In this exercise, retype exactly the lines from the start of the entries through the line bearing "Utilización de los enlaces en el nodo Switch", leaving every picture out.

Data extracted from a collection:
++++++++
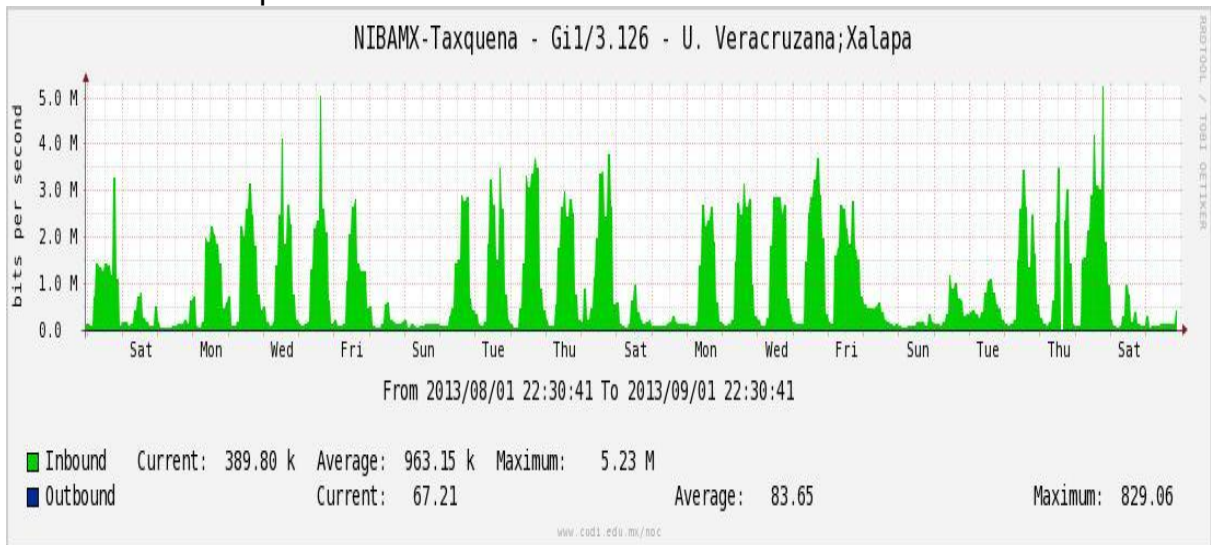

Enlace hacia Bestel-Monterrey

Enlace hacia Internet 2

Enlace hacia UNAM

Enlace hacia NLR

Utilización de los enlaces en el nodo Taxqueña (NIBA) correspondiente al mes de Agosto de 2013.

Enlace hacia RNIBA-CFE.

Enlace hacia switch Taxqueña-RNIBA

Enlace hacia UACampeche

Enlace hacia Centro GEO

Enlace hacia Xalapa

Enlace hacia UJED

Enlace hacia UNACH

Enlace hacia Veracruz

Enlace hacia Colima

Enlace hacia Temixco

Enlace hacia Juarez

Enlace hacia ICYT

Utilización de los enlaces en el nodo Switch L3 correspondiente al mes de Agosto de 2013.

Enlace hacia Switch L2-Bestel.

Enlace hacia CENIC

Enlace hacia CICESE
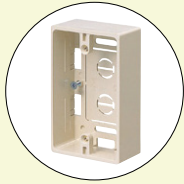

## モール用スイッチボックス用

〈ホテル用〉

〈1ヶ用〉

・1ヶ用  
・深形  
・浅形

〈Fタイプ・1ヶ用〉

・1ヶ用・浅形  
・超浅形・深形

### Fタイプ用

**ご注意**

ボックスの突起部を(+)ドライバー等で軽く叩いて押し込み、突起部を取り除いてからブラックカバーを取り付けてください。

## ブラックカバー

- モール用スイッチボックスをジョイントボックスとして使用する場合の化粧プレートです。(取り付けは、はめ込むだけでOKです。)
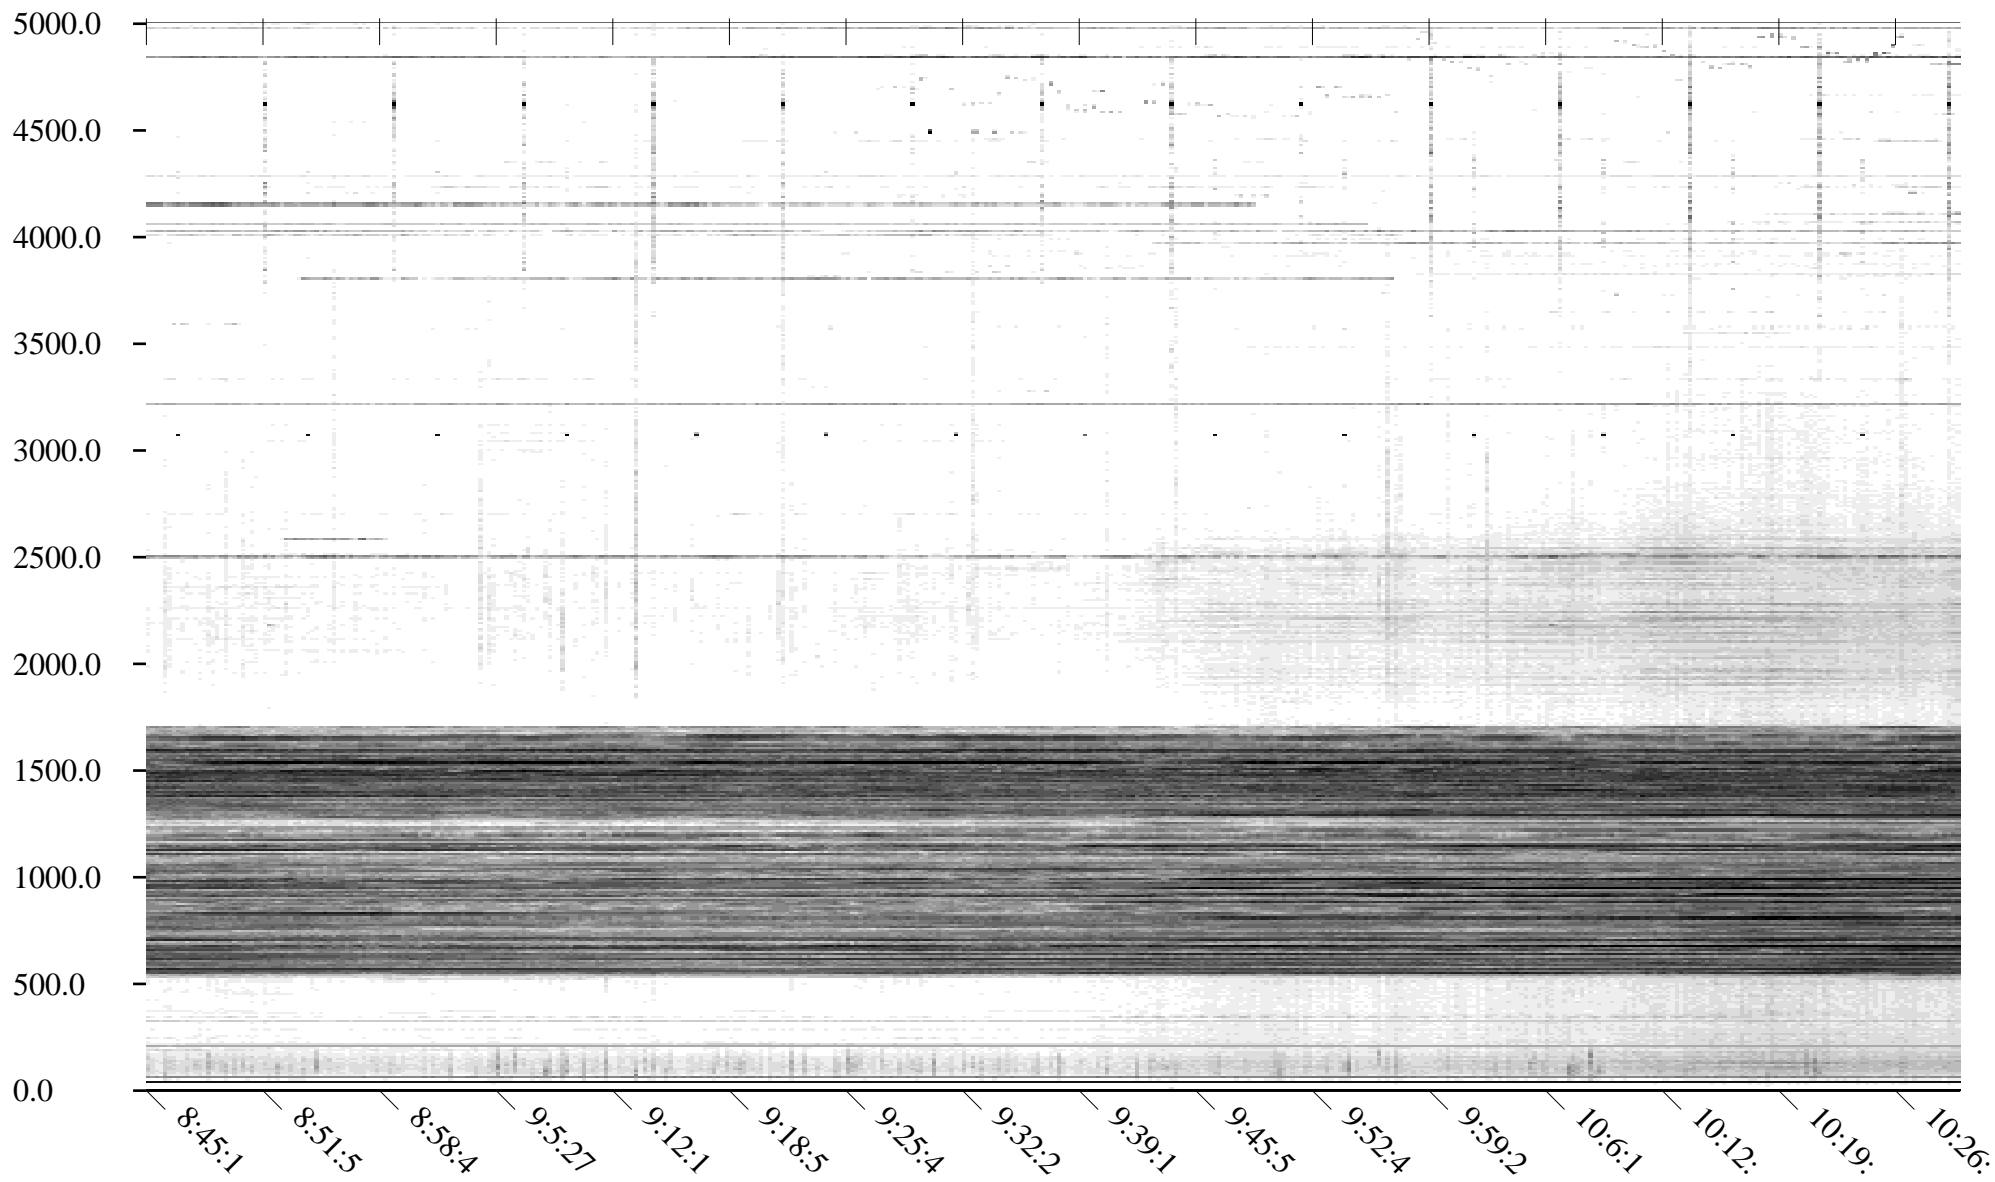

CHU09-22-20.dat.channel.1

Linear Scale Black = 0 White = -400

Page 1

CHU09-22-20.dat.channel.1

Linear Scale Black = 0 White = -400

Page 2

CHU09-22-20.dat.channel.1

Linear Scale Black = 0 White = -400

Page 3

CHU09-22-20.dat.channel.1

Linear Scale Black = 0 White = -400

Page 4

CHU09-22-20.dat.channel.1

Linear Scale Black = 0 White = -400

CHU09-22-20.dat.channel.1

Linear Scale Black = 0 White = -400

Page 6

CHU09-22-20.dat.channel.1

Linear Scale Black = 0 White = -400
++++++++
Solved problem:
Enlace hacia Bestel-Monterrey

Enlace hacia Internet 2

Enlace hacia UNAM

Enlace hacia NLR

Utilización de los enlaces en el nodo Taxqueña (NIBA) correspondiente al mes de Agosto de 2013.

Enlace hacia RNIBA-CFE.

Enlace hacia switch Taxqueña-RNIBA

Enlace hacia UACampeche

Enlace hacia Centro GEO

Enlace hacia Xalapa

Enlace hacia UJED

Enlace hacia UNACH

Enlace hacia Veracruz

Enlace hacia Colima

Enlace hacia Temixco

Enlace hacia Juarez

Enlace hacia ICYT

Utilización de los enlaces en el nodo Switch L3 correspondiente al mes de Agosto de 2013.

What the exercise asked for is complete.